Every line below between the line holding "- Stojánková" and the line holding "- Jedna ovládací", inclusive, should be repeated exactly, and all other lines omitted.
(SUPPLIED MATERIAL)
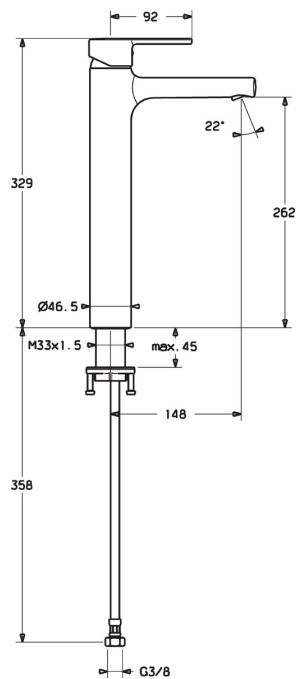

EAN: 4015474212701
static.hansa.com/03032273

- Washbasin
- Jednopáková
- Stojánková
- Chrom
- Pevné výtokové rameno
- PCA® aerátor s konstatním průtokovým množstvím nezávislým na změnách tlaku, CACHE® aerátor umístěný přímo ve výtokovém rameni vodovodní baterie
- Jedna ovládací páka / rukojeť, Páka se symboly teplé a studené vody
- Funkce pro nastavení maximální teploty a průtoku vody, Teplotní omezovač (lze nastavit dodatečně)
- ø 35 mm keramická kartuše pro ovládání teploty a průtoku vody
- Flexibilní připojovací hadice
- Tělo baterie z mosazy DZR
- WithoutPopUpWaste, WithoutDrawRodOpening

Technical data

Flow properties

Flow-rate at 3 bar (with flow controller)	6.0 l/min
Pressure loss with flow (0.1 l/s)	2 bar

Technical properties

DN-size (nominal dimension)	DN15
Hot water supply	max. +80°C
Working pressure	1-10 bar
Connection size	G3/8
Projection	148 mm

Regulations

EN standard	EN 817
Noise class	I (ISO 3822)

Spare parts

SP03032273

	Name	Code
1	Páka	59913761
1.1	Šroub, M5x8, SW2.5	59904755
1.3	Vymezovací vložka	59913762
2	Krytka, 33 x 3 mm	59912504
3	Upevňovací matice, M40x1, SW30	59913210
4	Kartuše, 3,5 Eco	59912324
4	Kartuše, 3,5 Classic	59913075
4.1	Temperature adjustment limiter	59912325
4.3	O-kroužek, d 28.24x2.62	59912590
4.4	O-kroužek, d 10.10x1.60	59905072
5.1	O-kroužek, d 36,09 X d 3,53	59913396
5.10	Těsnění, 9.5x14.4x2	59912551
5.7	Upevňovací set	59913479
5.8	Flexibilní hadička, M10x1-G3/8, L=590	59913166
5.9	O-kroužek, d 7.65x1.78	59902337
6	Aerator, M18.5x1, TJ	59913366
6.1	Fitting ring for aerator	59913654
6.3	Klíč k perlátoru, M18.5	59913367
N.I.	Klíč, SW 30/34	59912108
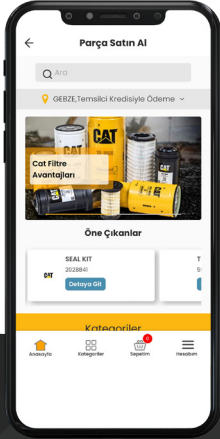

Borusan Cat Mobil Uygulaması Boom360

PARÇA SATIN AL

1.

BoomShop anasayfasında yer alan arama kısmına ihtiyacınız olan parça numarasını ya da adını yazarak, sepetinize ekleyeceğiniz yedek parçaları seçin.
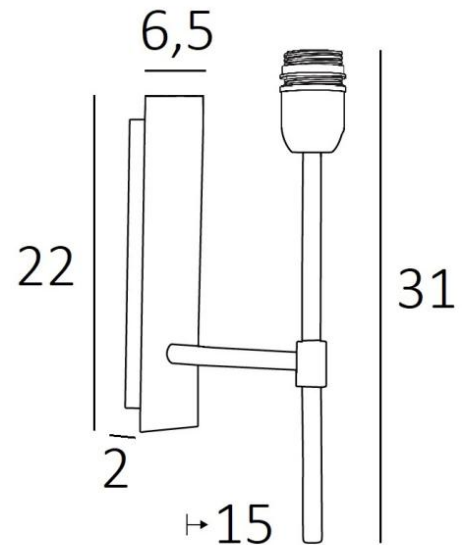

NECTANEBO 2

NECTANEBO 2 in light bronze without lampshade. Metal finish code: 28

NECTANEBO 2 ist eine große Wandleuchte, an der Sie einen Lampenschirm befestigen können. Ihr klassisches Aussehen wurde überarbeitet, um ihr einen modernen und zeitgenössischen Touch zu verleihen. Ihr schlichtes und einfaches Design ist dieser Metamorphose nicht fremd, die ihr Präsenz und Harmonie verleiht. Für den Lampenschirm, der eine warme Atmosphäre und eine schöne Helligkeit schafft, schlagen wir Ihnen vor, zwischen vielen Materialien und Farben zu wählen. So können Sie sie besser in Ihre Einrichtung integrieren.

Diese schöne Wandleuchte ist aus Messing gefertigt und in mehreren bemerkenswerten Ausführungen erhältlich. Es gibt auch ein größeres Modell, siehe [NECTANEBO 1](#).

GESAMTABMESSUNGEN

H31cm L6,5cm |→15cm

BASIS

Platte : 6,5 x 22cm

Gehäuse : 4,5 x 19 x 2cm

TECHNISCHE DATEN

Eine E27 Fassung mit Ring

Dimmbare Wandleuchte

Eine Fixierungsplatte zur Befestigung der Box an der Wand ([PDF-Plan](#))

VERFÜGBARE METALL-OBERFLÄCHEN UND CODES

28 - Leicht Bronze - 1136 028

29 - Gebürstet Bronze - 1136 029

33 - Gebürstet Nickel - 1136 033
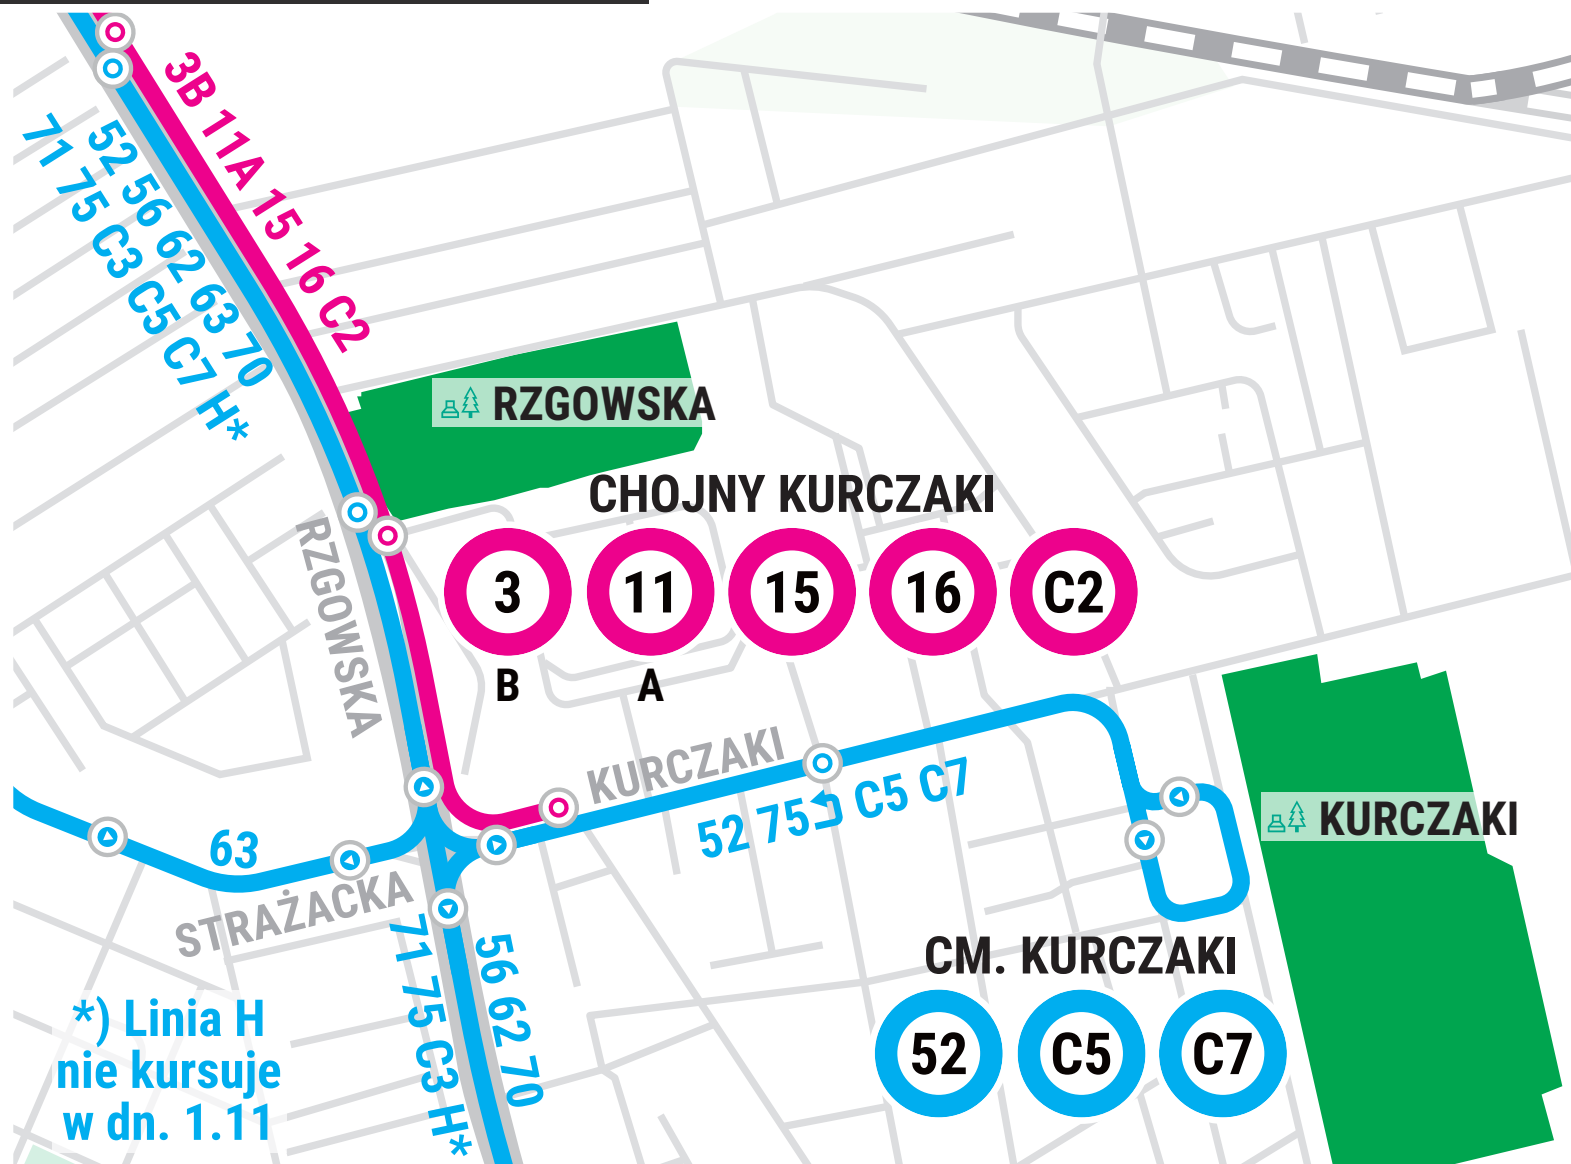

WSZYSTKICH ŚWIĘTYCH 2021

30 PAŹDZIERNIKA - 1 LISTOPADA

CM. RZGOWSKA I KURCZAKI

*) Linia H
nie kursuje
w dn. 1.11
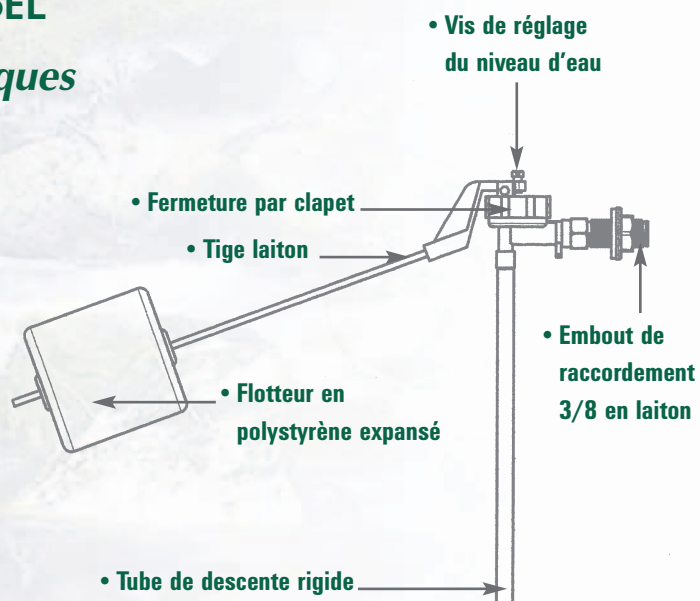

Corps

- Encombrement maxi 110 mm
- Largeur 41 mm

Flotteur cylindrique :

- Diamètre 80 mm
- Longueur 80 mm

Tige (laiton) :

- Longueur 270 mm

ROBECO 06

Caractéristiques techniques

Corps :

- Encombrement maxi 85 mm
- Largeur 41 mm

Flotteur boule :

- Diamètre 78 mm

Tige (aluminium) :

- Longueur 295 mm
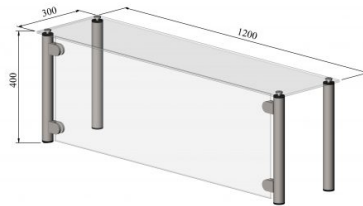

Väljastustasapind Jete

- **Toote kood:** VTP Jete
- **Mõõdud mm (l*s*k):** 1200*300*400

- konstruktsioon roostevabast terasest ja karastatud klaasist
- võimalik tellida paigaldatuna tootele või paigaldada juba olemasolevale tootele
- võimalik tellida LED-valgustusega
- klaasosad lihtsalt puhastatavad
- **Väljastustasapinda võimalik tellida:**
 - erinevates mõõtudes
(End SUPPLIED MATERIAL)
## [TASK OUTPUT]
- Stojánková
- Chrom
- Pevné výtokové rameno
- PCA® aerátor s konstatním průtokovým množstvím nezávislým na změnách tlaku, CACHE® aerátor umístěný přímo ve výtokovém rameni vodovodní baterie
- Jedna ovládací páka / rukojeť, Páka se symboly teplé a studené vody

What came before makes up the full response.